▸ **Assignment**:
Down to the final line, print each entry exactly.

*** Opening Given data ***

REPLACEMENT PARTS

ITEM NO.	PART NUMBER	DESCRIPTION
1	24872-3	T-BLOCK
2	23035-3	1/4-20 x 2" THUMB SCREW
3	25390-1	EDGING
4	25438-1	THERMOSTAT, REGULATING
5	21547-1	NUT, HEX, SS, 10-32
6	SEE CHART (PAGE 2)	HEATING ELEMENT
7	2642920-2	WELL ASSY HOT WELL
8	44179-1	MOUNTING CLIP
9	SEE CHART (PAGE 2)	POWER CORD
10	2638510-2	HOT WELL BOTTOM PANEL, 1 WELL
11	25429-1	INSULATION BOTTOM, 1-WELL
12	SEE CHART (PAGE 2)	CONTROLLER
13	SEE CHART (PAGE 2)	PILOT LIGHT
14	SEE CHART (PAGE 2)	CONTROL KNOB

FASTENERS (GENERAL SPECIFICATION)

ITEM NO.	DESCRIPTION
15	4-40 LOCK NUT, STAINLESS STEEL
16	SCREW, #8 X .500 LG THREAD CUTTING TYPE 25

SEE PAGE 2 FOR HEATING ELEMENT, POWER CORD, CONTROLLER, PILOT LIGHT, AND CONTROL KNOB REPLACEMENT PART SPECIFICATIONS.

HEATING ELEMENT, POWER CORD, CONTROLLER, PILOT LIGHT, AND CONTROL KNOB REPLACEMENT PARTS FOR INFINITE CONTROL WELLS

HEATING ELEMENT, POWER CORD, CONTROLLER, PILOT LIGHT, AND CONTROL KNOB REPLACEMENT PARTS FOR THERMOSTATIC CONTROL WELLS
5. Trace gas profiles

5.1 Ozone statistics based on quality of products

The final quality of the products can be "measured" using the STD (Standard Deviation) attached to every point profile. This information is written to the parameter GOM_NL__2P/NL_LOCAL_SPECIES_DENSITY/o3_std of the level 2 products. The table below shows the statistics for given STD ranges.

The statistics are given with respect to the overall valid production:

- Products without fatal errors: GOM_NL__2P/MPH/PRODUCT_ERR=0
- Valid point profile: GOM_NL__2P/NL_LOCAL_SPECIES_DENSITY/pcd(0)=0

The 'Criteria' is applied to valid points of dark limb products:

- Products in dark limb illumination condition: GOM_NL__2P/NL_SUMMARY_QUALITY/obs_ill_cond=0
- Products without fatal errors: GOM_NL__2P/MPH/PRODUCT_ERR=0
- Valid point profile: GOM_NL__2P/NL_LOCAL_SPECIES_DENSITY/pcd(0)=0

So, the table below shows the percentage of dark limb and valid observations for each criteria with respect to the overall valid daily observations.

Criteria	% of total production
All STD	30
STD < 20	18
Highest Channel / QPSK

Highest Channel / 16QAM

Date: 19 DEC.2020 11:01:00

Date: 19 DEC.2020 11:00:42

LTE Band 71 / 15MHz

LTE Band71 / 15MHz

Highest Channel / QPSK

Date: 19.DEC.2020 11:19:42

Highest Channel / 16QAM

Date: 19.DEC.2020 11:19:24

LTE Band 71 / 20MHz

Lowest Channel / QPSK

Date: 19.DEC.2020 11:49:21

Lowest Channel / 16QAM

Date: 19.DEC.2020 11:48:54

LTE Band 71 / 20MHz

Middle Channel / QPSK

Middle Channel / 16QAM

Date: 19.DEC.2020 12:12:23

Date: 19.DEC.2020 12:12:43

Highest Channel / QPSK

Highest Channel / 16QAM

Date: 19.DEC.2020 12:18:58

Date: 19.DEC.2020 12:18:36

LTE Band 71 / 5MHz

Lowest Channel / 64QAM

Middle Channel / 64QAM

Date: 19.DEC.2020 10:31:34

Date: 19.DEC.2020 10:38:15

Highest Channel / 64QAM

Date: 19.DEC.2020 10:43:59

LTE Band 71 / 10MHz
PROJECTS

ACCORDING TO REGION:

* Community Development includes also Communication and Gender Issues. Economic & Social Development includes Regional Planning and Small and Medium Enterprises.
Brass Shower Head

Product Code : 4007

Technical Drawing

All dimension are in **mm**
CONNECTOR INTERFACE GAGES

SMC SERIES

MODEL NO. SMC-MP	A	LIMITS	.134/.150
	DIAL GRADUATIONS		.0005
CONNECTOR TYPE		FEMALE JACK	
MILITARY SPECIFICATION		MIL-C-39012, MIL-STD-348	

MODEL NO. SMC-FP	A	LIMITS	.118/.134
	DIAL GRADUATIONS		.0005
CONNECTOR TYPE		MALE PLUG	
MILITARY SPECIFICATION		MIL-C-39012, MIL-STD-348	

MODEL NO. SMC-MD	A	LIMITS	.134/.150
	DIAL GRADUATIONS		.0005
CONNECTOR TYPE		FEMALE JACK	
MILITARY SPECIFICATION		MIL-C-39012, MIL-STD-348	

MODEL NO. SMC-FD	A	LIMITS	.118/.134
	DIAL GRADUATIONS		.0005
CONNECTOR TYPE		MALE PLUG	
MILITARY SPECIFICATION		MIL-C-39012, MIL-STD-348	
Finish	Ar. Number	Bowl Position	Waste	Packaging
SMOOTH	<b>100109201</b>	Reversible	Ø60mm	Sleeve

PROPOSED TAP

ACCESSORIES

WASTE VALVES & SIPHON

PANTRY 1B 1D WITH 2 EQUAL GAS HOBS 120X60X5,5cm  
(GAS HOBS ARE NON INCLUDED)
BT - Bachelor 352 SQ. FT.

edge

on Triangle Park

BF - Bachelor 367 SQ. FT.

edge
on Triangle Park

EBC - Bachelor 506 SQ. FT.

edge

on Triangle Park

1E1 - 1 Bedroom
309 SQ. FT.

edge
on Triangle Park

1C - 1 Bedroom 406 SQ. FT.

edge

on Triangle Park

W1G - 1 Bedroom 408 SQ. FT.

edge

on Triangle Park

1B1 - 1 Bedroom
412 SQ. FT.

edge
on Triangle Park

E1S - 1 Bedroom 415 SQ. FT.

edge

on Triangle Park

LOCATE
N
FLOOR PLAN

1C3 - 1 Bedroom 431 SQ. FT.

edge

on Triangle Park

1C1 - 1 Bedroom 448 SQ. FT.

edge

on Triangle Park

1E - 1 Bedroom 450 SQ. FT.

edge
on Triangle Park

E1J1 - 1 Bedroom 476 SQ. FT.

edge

*** Closing Given data ***

▸ **Response area**:
REPLACEMENT PARTS

ITEM NO.	PART NUMBER	DESCRIPTION
1	24872-3	T-BLOCK
2	23035-3	1/4-20 x 2" THUMB SCREW
3	25390-1	EDGING
4	25438-1	THERMOSTAT, REGULATING
5	21547-1	NUT, HEX, SS, 10-32
6	SEE CHART (PAGE 2)	HEATING ELEMENT
7	2642920-2	WELL ASSY HOT WELL
8	44179-1	MOUNTING CLIP
9	SEE CHART (PAGE 2)	POWER CORD
10	2638510-2	HOT WELL BOTTOM PANEL, 1 WELL
11	25429-1	INSULATION BOTTOM, 1-WELL
12	SEE CHART (PAGE 2)	CONTROLLER
13	SEE CHART (PAGE 2)	PILOT LIGHT
14	SEE CHART (PAGE 2)	CONTROL KNOB

FASTENERS (GENERAL SPECIFICATION)

ITEM NO.	DESCRIPTION
15	4-40 LOCK NUT, STAINLESS STEEL
16	SCREW, #8 X .500 LG THREAD CUTTING TYPE 25

SEE PAGE 2 FOR HEATING ELEMENT, POWER CORD, CONTROLLER, PILOT LIGHT, AND CONTROL KNOB REPLACEMENT PART SPECIFICATIONS.

HEATING ELEMENT, POWER CORD, CONTROLLER, PILOT LIGHT, AND CONTROL KNOB REPLACEMENT PARTS FOR INFINITE CONTROL WELLS

HEATING ELEMENT, POWER CORD, CONTROLLER, PILOT LIGHT, AND CONTROL KNOB REPLACEMENT PARTS FOR THERMOSTATIC CONTROL WELLS
5. Trace gas profiles

5.1 Ozone statistics based on quality of products

The final quality of the products can be "measured" using the STD (Standard Deviation) attached to every point profile. This information is written to the parameter GOM_NL__2P/NL_LOCAL_SPECIES_DENSITY/o3_std of the level 2 products. The table below shows the statistics for given STD ranges.

The statistics are given with respect to the overall valid production:

- Products without fatal errors: GOM_NL__2P/MPH/PRODUCT_ERR=0
- Valid point profile: GOM_NL__2P/NL_LOCAL_SPECIES_DENSITY/pcd(0)=0

The 'Criteria' is applied to valid points of dark limb products:

- Products in dark limb illumination condition: GOM_NL__2P/NL_SUMMARY_QUALITY/obs_ill_cond=0
- Products without fatal errors: GOM_NL__2P/MPH/PRODUCT_ERR=0
- Valid point profile: GOM_NL__2P/NL_LOCAL_SPECIES_DENSITY/pcd(0)=0

So, the table below shows the percentage of dark limb and valid observations for each criteria with respect to the overall valid daily observations.

Criteria	% of total production
All STD	30
STD < 20	18
Highest Channel / QPSK

Highest Channel / 16QAM

Date: 19 DEC.2020 11:01:00

Date: 19 DEC.2020 11:00:42

LTE Band 71 / 15MHz

LTE Band71 / 15MHz

Highest Channel / QPSK

Date: 19.DEC.2020 11:19:42

Highest Channel / 16QAM

Date: 19.DEC.2020 11:19:24

LTE Band 71 / 20MHz

Lowest Channel / QPSK

Date: 19.DEC.2020 11:49:21

Lowest Channel / 16QAM

Date: 19.DEC.2020 11:48:54

LTE Band 71 / 20MHz

Middle Channel / QPSK

Middle Channel / 16QAM

Date: 19.DEC.2020 12:12:23

Date: 19.DEC.2020 12:12:43

Highest Channel / QPSK

Highest Channel / 16QAM

Date: 19.DEC.2020 12:18:58

Date: 19.DEC.2020 12:18:36

LTE Band 71 / 5MHz

Lowest Channel / 64QAM

Middle Channel / 64QAM

Date: 19.DEC.2020 10:31:34

Date: 19.DEC.2020 10:38:15

Highest Channel / 64QAM

Date: 19.DEC.2020 10:43:59

LTE Band 71 / 10MHz
PROJECTS

ACCORDING TO REGION:

* Community Development includes also Communication and Gender Issues. Economic & Social Development includes Regional Planning and Small and Medium Enterprises.
Brass Shower Head

Product Code : 4007

Technical Drawing

All dimension are in **mm**
CONNECTOR INTERFACE GAGES

SMC SERIES

MODEL NO. SMC-MP	A	LIMITS	.134/.150
	DIAL GRADUATIONS		.0005
CONNECTOR TYPE		FEMALE JACK	
MILITARY SPECIFICATION		MIL-C-39012, MIL-STD-348	

MODEL NO. SMC-FP	A	LIMITS	.118/.134
	DIAL GRADUATIONS		.0005
CONNECTOR TYPE		MALE PLUG	
MILITARY SPECIFICATION		MIL-C-39012, MIL-STD-348	

MODEL NO. SMC-MD	A	LIMITS	.134/.150
	DIAL GRADUATIONS		.0005
CONNECTOR TYPE		FEMALE JACK	
MILITARY SPECIFICATION		MIL-C-39012, MIL-STD-348	

MODEL NO. SMC-FD	A	LIMITS	.118/.134
	DIAL GRADUATIONS		.0005
CONNECTOR TYPE		MALE PLUG	
MILITARY SPECIFICATION		MIL-C-39012, MIL-STD-348	
Finish	Ar. Number	Bowl Position	Waste	Packaging
SMOOTH	<b>100109201</b>	Reversible	Ø60mm	Sleeve

PROPOSED TAP

ACCESSORIES

WASTE VALVES & SIPHON

PANTRY 1B 1D WITH 2 EQUAL GAS HOBS 120X60X5,5cm  
(GAS HOBS ARE NON INCLUDED)
BT - Bachelor 352 SQ. FT.

edge

on Triangle Park

BF - Bachelor 367 SQ. FT.

edge
on Triangle Park

EBC - Bachelor 506 SQ. FT.

edge

on Triangle Park

1E1 - 1 Bedroom
309 SQ. FT.

edge
on Triangle Park

1C - 1 Bedroom 406 SQ. FT.

edge

on Triangle Park

W1G - 1 Bedroom 408 SQ. FT.

edge

on Triangle Park

1B1 - 1 Bedroom
412 SQ. FT.

edge
on Triangle Park

E1S - 1 Bedroom 415 SQ. FT.

edge

on Triangle Park

LOCATE
N
FLOOR PLAN

1C3 - 1 Bedroom 431 SQ. FT.

edge

on Triangle Park

1C1 - 1 Bedroom 448 SQ. FT.

edge

on Triangle Park

1E - 1 Bedroom 450 SQ. FT.

edge
on Triangle Park

E1J1 - 1 Bedroom 476 SQ. FT.

edge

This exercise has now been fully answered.